Greenplum Partitioning
Partitioning a table can improve query performance and simplify data administration. The table is divided into smaller child files using a range or a list value, such as a date range or a country code.
Partitions can improve query performance dramatically. When a query predicate filters on the same criteria used to define partitions, the optimizer can avoid searching partitions that do not contain relevant data.
A common application for partitioning is to maintain a rolling window of data based on date, for example, a fact table containing the most recent 12 months of data. Using the ALTER TABLE statement, an existing partition can be dropped by removing its child file. This is much more efficient than scanning the entire table and removing rows with a DELETE statement.
Partitions may also be subpartitioned. For example, a table could be partitioned by month, and the month partitions could be subpartitioned by week. Greenplum Database creates child files for the months and weeks. The actual data, however, is stored in the child files created for the week subpartitions—only child files at the leaf level hold data.
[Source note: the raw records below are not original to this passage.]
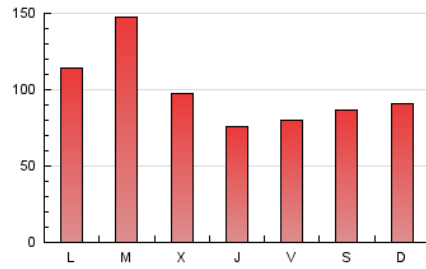

#### 2. Secciones (Nacional)

	PAGINAS	%
<b>HOME</b>	9.409	3.21 %
<b>RESTO</b>	283.312	96.79 %

#### 3. Por día del mes (Nacional)

Día	N. únicos	Visitas	Páginas	Día	N. únicos	Visitas	Páginas	Día	N. únicos	Visitas	Páginas
1	3.638	4.881	4.983	11	16.789	38.082	12.676	21	2.578	2.953	5.124
2	3.923	5.480	6.103	12	10.802	20.288	29.213	22	3.230	3.653	6.063
3	3.850	5.713	5.963	13	6.613	9.556	41.276	23	3.689	4.205	5.117
4	4.803	8.049	5.456	14	4.812	6.229	22.524	24	4.149	5.071	4.563
5	5.478	9.824	5.802	15	3.872	4.870	17.731	25	5.171	6.235	5.911
6	5.606	10.272	6.181	16	3.126	3.768	11.302	26	3.370	3.737	4.592
7	5.373	10.147	6.233	17	3.028	3.546	8.655	27	2.609	2.876	4.434
8	5.580	10.429	5.706	18	3.741	4.354	12.240	28	2.457	2.715	5.013
9	7.128	14.165	12.992	19	3.019	3.347	6.033	29	2.236	2.475	3.527
10	9.973	22.656	15.511	20	2.839	3.215	7.228	30	2.187	2.411	4.569

4. Gráficas (Nacional)

4.1 Por día de la semana (promedio)

N. únicos / Visitas (x 100)

Páginas (x 100)

4.2 Por franja horaria (promedio)

Visitas (x 1000)

Páginas (x 1000)

4.3 Por meses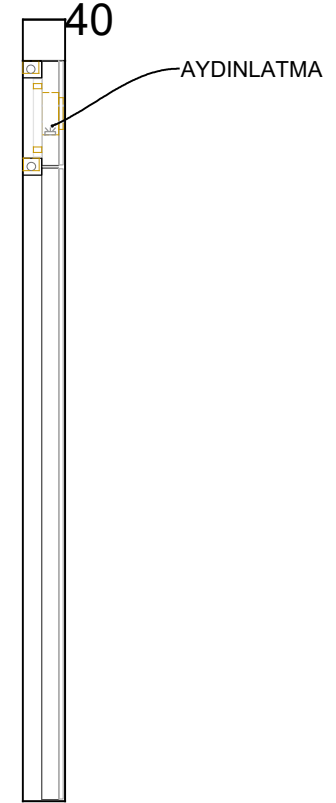

## ÖN GÖRÜNÜŞ

## YAN GÖRÜNÜŞ

ORTAK 95 CM AYDINLATMALI AYNA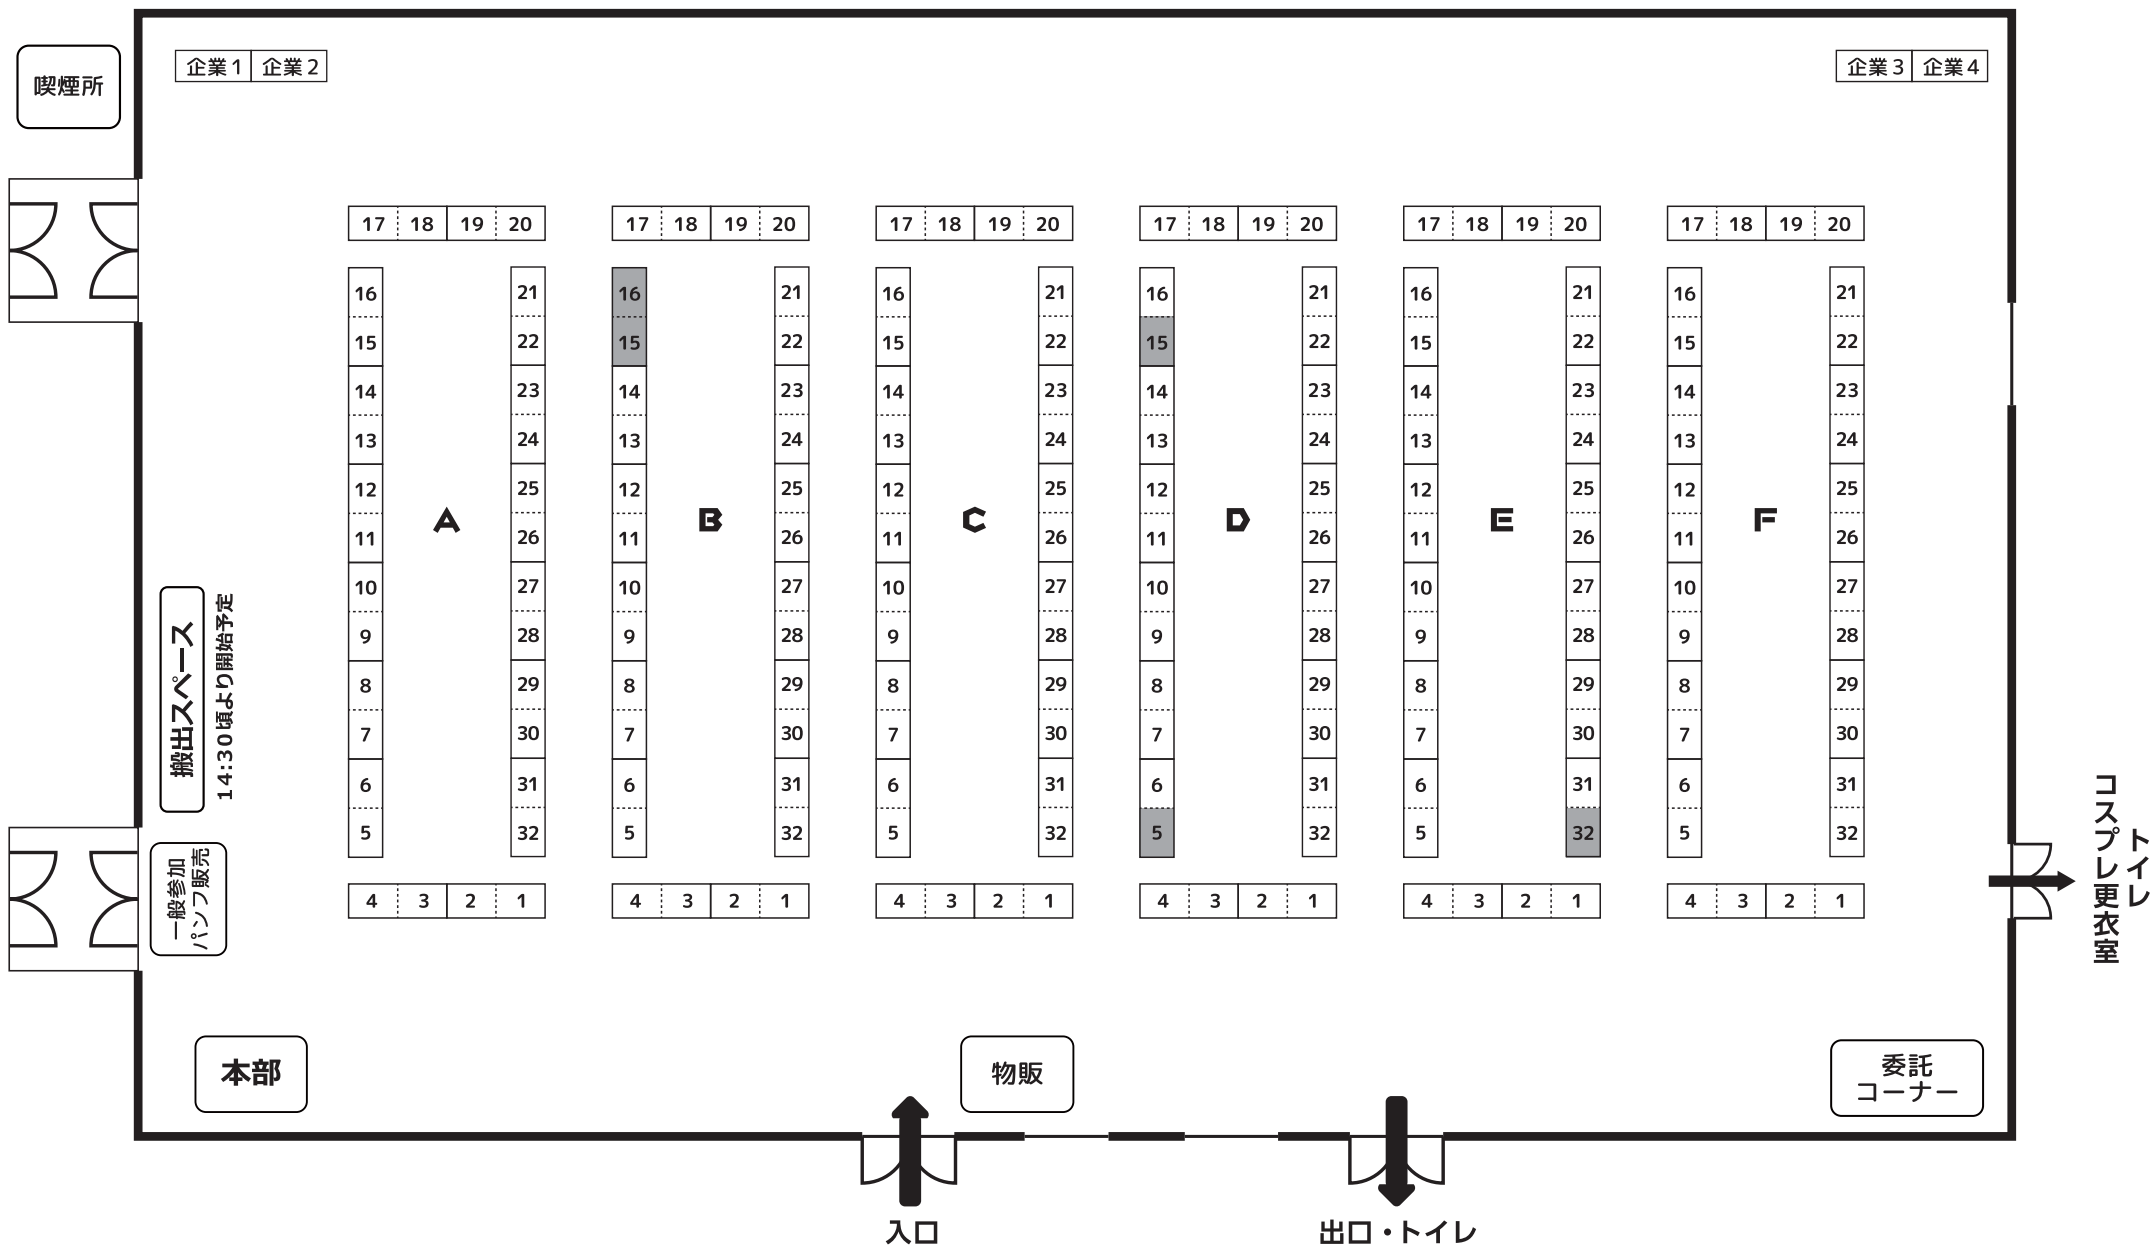

サークル配置図

■ 当日配置移転をする場合がございます。予めご了承、ご協力ください。グレー部分は予備スペースです。
 ■ 実際の縮尺とは違います。

※3/27 更新 企業配置、出入口、物販スペースの位置が変更になりました。

※トイレは出口を出た、目の前にございます。

When a new partition is added, you can run ANALYZE on just the data in that partition. ANALYZE can run on the root partition (the name of the table in the CREATE TABLE statement) or on a child file created for a leaf partition. If ANALYZE has already run on the other partitions and the data is static, it is not necessary to run it again on those partitions.
Greenplum Database supports:
- Range partitioning: division of data based on a numerical range, such as date or price.
- List partitioning: division of data based on a list of values, such as sales territory or product line.
- A combination of both types.
The following exercise compares SELECT statements with WHERE clauses that do and do not use a partitioned column.
- The column-oriented version of the fact table you created is partitioned by date. First, execute a query that filters on a non-partitioned column and note the execution time.
tutorial=# \timing on
Timing is on.
tutorial=# SELECT MAX(depdelay) FROM faa.otp_c WHERE UniqueCarrier = 'UA';
max ------ 1360 (1 row) Time: 641.574 ms
- Execute a query that filters on flightdate, the partitioned column.
tutorial=# SELECT MAX(depdelay) FROM faa.otp_c WHERE flightdate ='2009-11-01';
max ----- 1201 (1 row) Time: 30.658 ms
The query on the partitioned column takes much less time to execute. If you compare the explain plans for the queries in this exercise, you will see that the first query scans each of the seventeen child files, while the second scans just one child file. The reduction in I/O and CPU time explains the improved execution time.